#### Task instructions:
What you give back must match the data exactly, minus the pictures.

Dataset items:
⁂
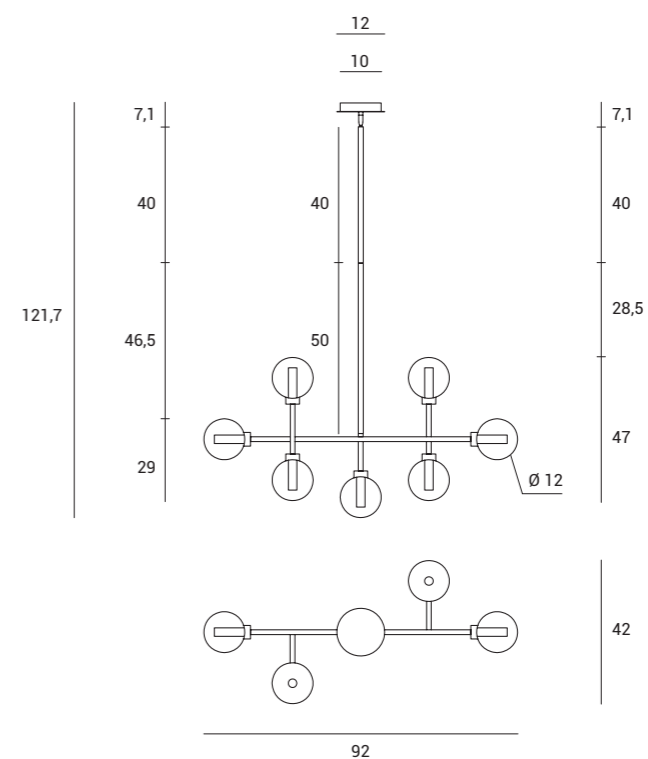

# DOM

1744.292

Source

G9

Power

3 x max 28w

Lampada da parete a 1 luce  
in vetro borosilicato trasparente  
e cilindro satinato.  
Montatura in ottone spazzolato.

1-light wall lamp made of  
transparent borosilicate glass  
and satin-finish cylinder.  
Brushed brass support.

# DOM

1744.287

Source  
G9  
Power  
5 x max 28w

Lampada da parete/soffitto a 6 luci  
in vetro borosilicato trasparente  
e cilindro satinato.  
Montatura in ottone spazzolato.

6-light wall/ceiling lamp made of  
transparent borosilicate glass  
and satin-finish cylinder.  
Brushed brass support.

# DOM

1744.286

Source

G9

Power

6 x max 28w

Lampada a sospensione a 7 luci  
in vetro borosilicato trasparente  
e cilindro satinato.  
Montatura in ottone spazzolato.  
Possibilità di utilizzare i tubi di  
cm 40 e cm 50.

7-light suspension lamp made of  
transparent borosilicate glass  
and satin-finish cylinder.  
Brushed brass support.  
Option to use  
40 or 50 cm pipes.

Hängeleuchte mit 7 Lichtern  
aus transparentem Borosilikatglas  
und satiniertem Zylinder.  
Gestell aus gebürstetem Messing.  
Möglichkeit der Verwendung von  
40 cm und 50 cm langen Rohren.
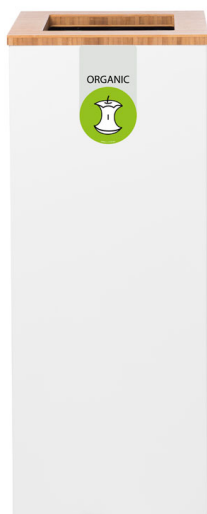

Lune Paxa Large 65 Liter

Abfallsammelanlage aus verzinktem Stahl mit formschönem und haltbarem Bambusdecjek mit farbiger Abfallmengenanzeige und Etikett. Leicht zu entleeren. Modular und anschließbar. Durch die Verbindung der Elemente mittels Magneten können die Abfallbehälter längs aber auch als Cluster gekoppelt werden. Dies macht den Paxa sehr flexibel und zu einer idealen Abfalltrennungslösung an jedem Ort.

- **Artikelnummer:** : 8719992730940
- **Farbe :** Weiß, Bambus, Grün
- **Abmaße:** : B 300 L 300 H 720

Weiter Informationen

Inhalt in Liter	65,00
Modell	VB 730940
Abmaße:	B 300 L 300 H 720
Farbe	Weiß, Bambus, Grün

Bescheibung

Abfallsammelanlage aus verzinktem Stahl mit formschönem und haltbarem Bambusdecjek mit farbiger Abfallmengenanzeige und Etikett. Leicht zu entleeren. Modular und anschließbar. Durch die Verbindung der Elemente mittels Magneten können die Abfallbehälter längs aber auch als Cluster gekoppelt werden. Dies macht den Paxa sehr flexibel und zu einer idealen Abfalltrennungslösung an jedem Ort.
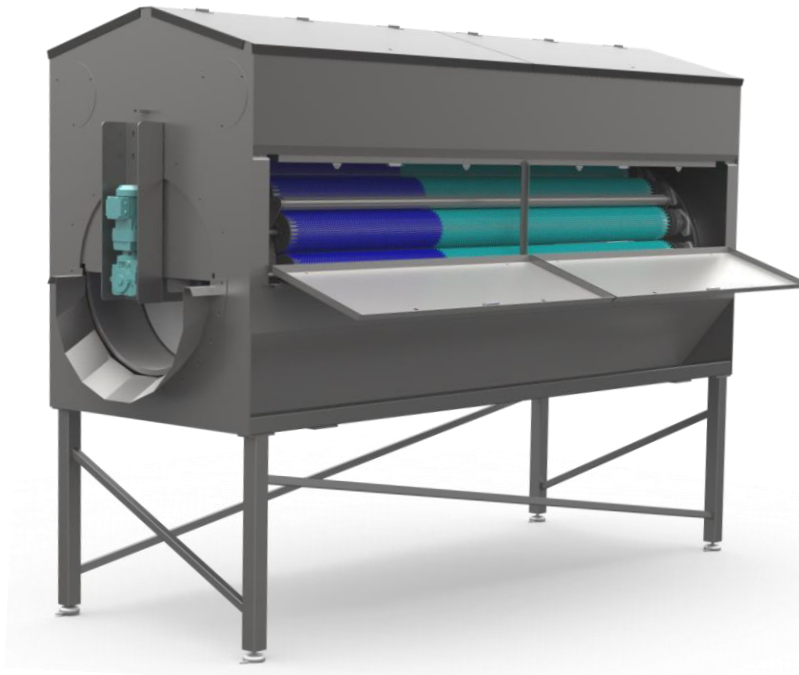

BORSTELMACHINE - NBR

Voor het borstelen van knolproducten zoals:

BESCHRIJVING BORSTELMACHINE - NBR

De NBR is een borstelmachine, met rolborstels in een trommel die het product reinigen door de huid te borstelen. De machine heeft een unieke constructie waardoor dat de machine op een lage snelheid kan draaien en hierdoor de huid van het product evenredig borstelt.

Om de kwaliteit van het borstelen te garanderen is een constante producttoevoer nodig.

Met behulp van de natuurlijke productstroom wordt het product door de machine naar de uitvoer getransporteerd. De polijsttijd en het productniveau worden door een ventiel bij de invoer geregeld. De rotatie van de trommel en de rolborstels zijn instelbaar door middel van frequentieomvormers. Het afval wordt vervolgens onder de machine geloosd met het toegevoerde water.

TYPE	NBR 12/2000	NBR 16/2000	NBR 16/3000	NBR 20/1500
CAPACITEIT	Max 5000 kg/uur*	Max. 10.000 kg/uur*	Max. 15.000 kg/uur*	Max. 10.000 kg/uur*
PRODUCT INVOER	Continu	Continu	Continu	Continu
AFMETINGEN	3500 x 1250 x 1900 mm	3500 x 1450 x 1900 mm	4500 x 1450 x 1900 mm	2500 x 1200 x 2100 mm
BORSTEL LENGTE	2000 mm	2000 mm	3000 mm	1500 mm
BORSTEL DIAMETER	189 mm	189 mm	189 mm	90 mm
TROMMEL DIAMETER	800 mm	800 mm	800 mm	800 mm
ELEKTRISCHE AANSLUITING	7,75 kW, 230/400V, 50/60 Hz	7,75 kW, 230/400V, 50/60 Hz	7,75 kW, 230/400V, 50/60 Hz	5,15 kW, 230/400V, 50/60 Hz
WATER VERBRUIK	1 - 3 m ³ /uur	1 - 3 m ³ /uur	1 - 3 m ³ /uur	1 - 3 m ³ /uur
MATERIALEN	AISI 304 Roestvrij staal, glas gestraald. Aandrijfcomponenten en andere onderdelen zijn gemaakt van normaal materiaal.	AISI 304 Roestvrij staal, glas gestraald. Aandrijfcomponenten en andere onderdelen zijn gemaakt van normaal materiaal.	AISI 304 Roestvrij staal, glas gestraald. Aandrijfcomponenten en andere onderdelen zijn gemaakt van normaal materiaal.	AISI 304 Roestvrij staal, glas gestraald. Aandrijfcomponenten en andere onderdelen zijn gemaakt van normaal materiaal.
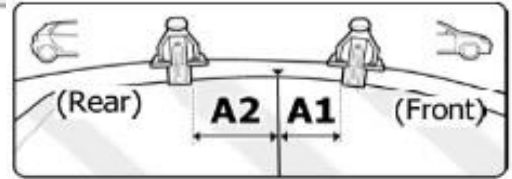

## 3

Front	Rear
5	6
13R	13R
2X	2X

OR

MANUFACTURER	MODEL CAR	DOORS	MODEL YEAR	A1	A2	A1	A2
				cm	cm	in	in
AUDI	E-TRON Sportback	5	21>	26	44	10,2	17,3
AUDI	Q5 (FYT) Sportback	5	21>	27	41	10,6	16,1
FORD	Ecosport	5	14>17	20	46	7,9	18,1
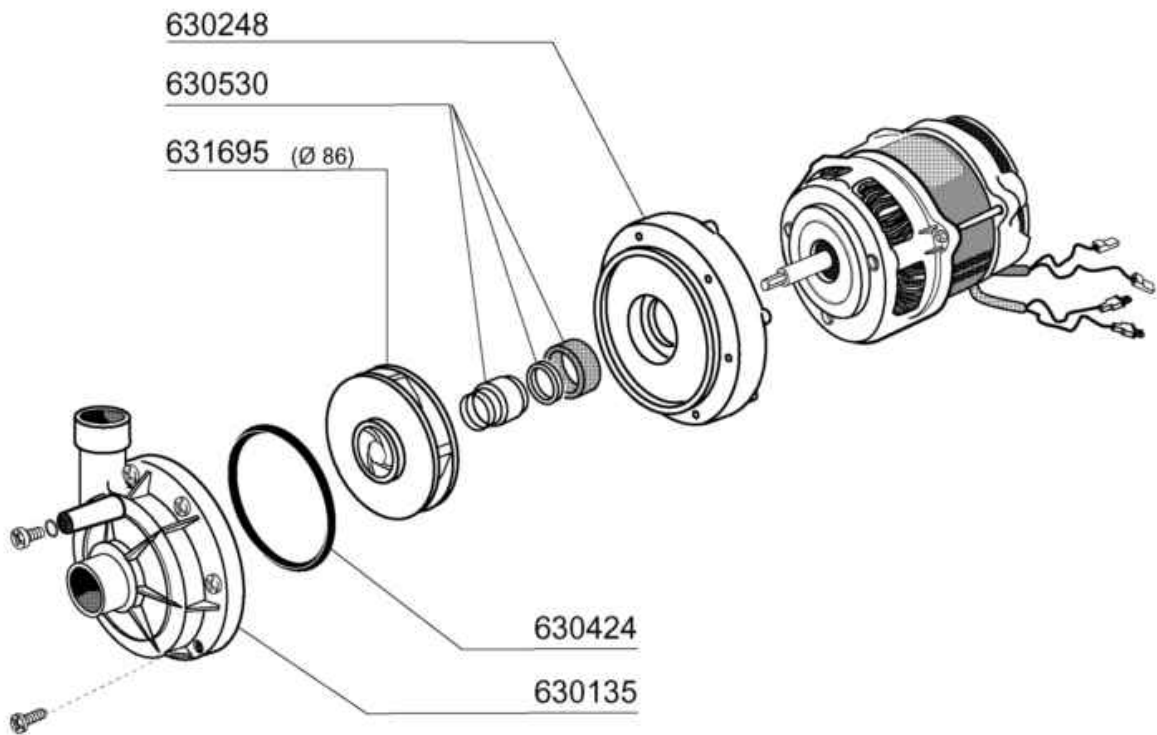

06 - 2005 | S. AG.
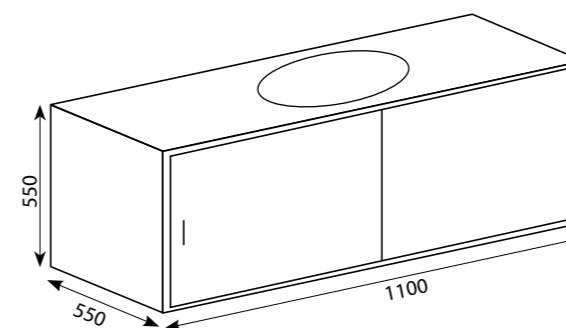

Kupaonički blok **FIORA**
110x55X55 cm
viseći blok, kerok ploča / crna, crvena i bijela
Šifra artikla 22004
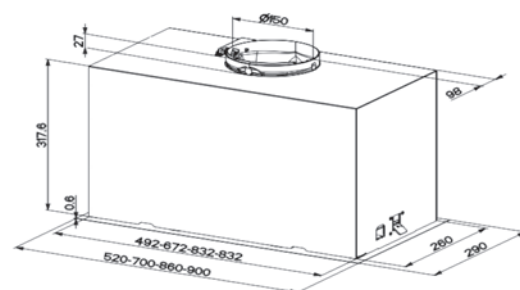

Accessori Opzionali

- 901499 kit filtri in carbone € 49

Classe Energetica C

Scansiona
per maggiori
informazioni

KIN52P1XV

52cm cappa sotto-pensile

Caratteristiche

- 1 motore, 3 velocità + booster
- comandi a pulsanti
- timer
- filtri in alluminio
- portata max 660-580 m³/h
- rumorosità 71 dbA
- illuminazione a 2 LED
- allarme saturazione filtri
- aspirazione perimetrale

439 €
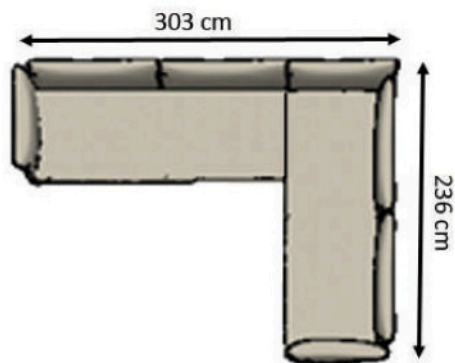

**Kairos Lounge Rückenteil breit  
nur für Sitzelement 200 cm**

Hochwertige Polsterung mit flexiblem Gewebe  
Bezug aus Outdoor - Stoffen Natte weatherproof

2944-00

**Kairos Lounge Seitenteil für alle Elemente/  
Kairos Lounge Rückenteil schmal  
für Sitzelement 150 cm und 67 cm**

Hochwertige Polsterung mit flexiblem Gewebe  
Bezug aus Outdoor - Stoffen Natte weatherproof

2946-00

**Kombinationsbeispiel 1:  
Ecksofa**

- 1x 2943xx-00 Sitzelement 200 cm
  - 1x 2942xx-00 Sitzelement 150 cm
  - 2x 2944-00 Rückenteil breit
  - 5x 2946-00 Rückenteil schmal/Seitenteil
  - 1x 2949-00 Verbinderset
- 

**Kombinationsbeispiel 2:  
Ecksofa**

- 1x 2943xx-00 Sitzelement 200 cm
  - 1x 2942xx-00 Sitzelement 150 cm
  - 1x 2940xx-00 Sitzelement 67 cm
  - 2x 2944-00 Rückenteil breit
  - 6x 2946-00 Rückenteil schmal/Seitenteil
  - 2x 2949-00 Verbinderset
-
⁂
#### Answer for this exercise:
# DOM

1744.292

Source

G9

Power

3 x max 28w

Lampada da parete a 1 luce  
in vetro borosilicato trasparente  
e cilindro satinato.  
Montatura in ottone spazzolato.

1-light wall lamp made of  
transparent borosilicate glass  
and satin-finish cylinder.  
Brushed brass support.

# DOM

1744.287

Source  
G9  
Power  
5 x max 28w

Lampada da parete/soffitto a 6 luci  
in vetro borosilicato trasparente  
e cilindro satinato.  
Montatura in ottone spazzolato.

6-light wall/ceiling lamp made of  
transparent borosilicate glass  
and satin-finish cylinder.  
Brushed brass support.

# DOM

1744.286

Source

G9

Power

6 x max 28w

Lampada a sospensione a 7 luci  
in vetro borosilicato trasparente  
e cilindro satinato.  
Montatura in ottone spazzolato.  
Possibilità di utilizzare i tubi di  
cm 40 e cm 50.

7-light suspension lamp made of  
transparent borosilicate glass  
and satin-finish cylinder.  
Brushed brass support.  
Option to use  
40 or 50 cm pipes.

Hängeleuchte mit 7 Lichtern  
aus transparentem Borosilikatglas  
und satiniertem Zylinder.  
Gestell aus gebürstetem Messing.  
Möglichkeit der Verwendung von  
40 cm und 50 cm langen Rohren.

Lune Paxa Large 65 Liter

Abfallsammelanlage aus verzinktem Stahl mit formschönem und haltbarem Bambusdecjek mit farbiger Abfallmengenanzeige und Etikett. Leicht zu entleeren. Modular und anschließbar. Durch die Verbindung der Elemente mittels Magneten können die Abfallbehälter längs aber auch als Cluster gekoppelt werden. Dies macht den Paxa sehr flexibel und zu einer idealen Abfalltrennungslösung an jedem Ort.

- **Artikelnummer:** : 8719992730940
- **Farbe :** Weiß, Bambus, Grün
- **Abmaße:** : B 300 L 300 H 720

Weiter Informationen

Inhalt in Liter	65,00
Modell	VB 730940
Abmaße:	B 300 L 300 H 720
Farbe	Weiß, Bambus, Grün

Bescheibung

Abfallsammelanlage aus verzinktem Stahl mit formschönem und haltbarem Bambusdecjek mit farbiger Abfallmengenanzeige und Etikett. Leicht zu entleeren. Modular und anschließbar. Durch die Verbindung der Elemente mittels Magneten können die Abfallbehälter längs aber auch als Cluster gekoppelt werden. Dies macht den Paxa sehr flexibel und zu einer idealen Abfalltrennungslösung an jedem Ort.

BORSTELMACHINE - NBR

Voor het borstelen van knolproducten zoals:

BESCHRIJVING BORSTELMACHINE - NBR

De NBR is een borstelmachine, met rolborstels in een trommel die het product reinigen door de huid te borstelen. De machine heeft een unieke constructie waardoor dat de machine op een lage snelheid kan draaien en hierdoor de huid van het product evenredig borstelt.

Om de kwaliteit van het borstelen te garanderen is een constante producttoevoer nodig.

Met behulp van de natuurlijke productstroom wordt het product door de machine naar de uitvoer getransporteerd. De polijsttijd en het productniveau worden door een ventiel bij de invoer geregeld. De rotatie van de trommel en de rolborstels zijn instelbaar door middel van frequentieomvormers. Het afval wordt vervolgens onder de machine geloosd met het toegevoerde water.

TYPE	NBR 12/2000	NBR 16/2000	NBR 16/3000	NBR 20/1500
CAPACITEIT	Max 5000 kg/uur*	Max. 10.000 kg/uur*	Max. 15.000 kg/uur*	Max. 10.000 kg/uur*
PRODUCT INVOER	Continu	Continu	Continu	Continu
AFMETINGEN	3500 x 1250 x 1900 mm	3500 x 1450 x 1900 mm	4500 x 1450 x 1900 mm	2500 x 1200 x 2100 mm
BORSTEL LENGTE	2000 mm	2000 mm	3000 mm	1500 mm
BORSTEL DIAMETER	189 mm	189 mm	189 mm	90 mm
TROMMEL DIAMETER	800 mm	800 mm	800 mm	800 mm
ELEKTRISCHE AANSLUITING	7,75 kW, 230/400V, 50/60 Hz	7,75 kW, 230/400V, 50/60 Hz	7,75 kW, 230/400V, 50/60 Hz	5,15 kW, 230/400V, 50/60 Hz
WATER VERBRUIK	1 - 3 m ³ /uur	1 - 3 m ³ /uur	1 - 3 m ³ /uur	1 - 3 m ³ /uur
MATERIALEN	AISI 304 Roestvrij staal, glas gestraald. Aandrijfcomponenten en andere onderdelen zijn gemaakt van normaal materiaal.	AISI 304 Roestvrij staal, glas gestraald. Aandrijfcomponenten en andere onderdelen zijn gemaakt van normaal materiaal.	AISI 304 Roestvrij staal, glas gestraald. Aandrijfcomponenten en andere onderdelen zijn gemaakt van normaal materiaal.	AISI 304 Roestvrij staal, glas gestraald. Aandrijfcomponenten en andere onderdelen zijn gemaakt van normaal materiaal.

## 3

Front	Rear
5	6
13R	13R
2X	2X

OR

MANUFACTURER	MODEL CAR	DOORS	MODEL YEAR	A1	A2	A1	A2
				cm	cm	in	in
AUDI	E-TRON Sportback	5	21>	26	44	10,2	17,3
AUDI	Q5 (FYT) Sportback	5	21>	27	41	10,6	16,1
FORD	Ecosport	5	14>17	20	46	7,9	18,1

06 - 2005 | S. AG.

Kupaonički blok **FIORA**
110x55X55 cm
viseći blok, kerok ploča / crna, crvena i bijela
Šifra artikla 22004

Accessori Opzionali

- 901499 kit filtri in carbone € 49

Classe Energetica C

Scansiona
per maggiori
informazioni

KIN52P1XV

52cm cappa sotto-pensile

Caratteristiche

- 1 motore, 3 velocità + booster
- comandi a pulsanti
- timer
- filtri in alluminio
- portata max 660-580 m³/h
- rumorosità 71 dbA
- illuminazione a 2 LED
- allarme saturazione filtri
- aspirazione perimetrale

439 €

**Kairos Lounge Rückenteil breit  
nur für Sitzelement 200 cm**

Hochwertige Polsterung mit flexiblem Gewebe  
Bezug aus Outdoor - Stoffen Natte weatherproof

2944-00

**Kairos Lounge Seitenteil für alle Elemente/  
Kairos Lounge Rückenteil schmal  
für Sitzelement 150 cm und 67 cm**

Hochwertige Polsterung mit flexiblem Gewebe  
Bezug aus Outdoor - Stoffen Natte weatherproof

2946-00

**Kombinationsbeispiel 1:  
Ecksofa**

- 1x 2943xx-00 Sitzelement 200 cm
  - 1x 2942xx-00 Sitzelement 150 cm
  - 2x 2944-00 Rückenteil breit
  - 5x 2946-00 Rückenteil schmal/Seitenteil
  - 1x 2949-00 Verbinderset
- 

**Kombinationsbeispiel 2:  
Ecksofa**

- 1x 2943xx-00 Sitzelement 200 cm
  - 1x 2942xx-00 Sitzelement 150 cm
  - 1x 2940xx-00 Sitzelement 67 cm
  - 2x 2944-00 Rückenteil breit
  - 6x 2946-00 Rückenteil schmal/Seitenteil
  - 2x 2949-00 Verbinderset
-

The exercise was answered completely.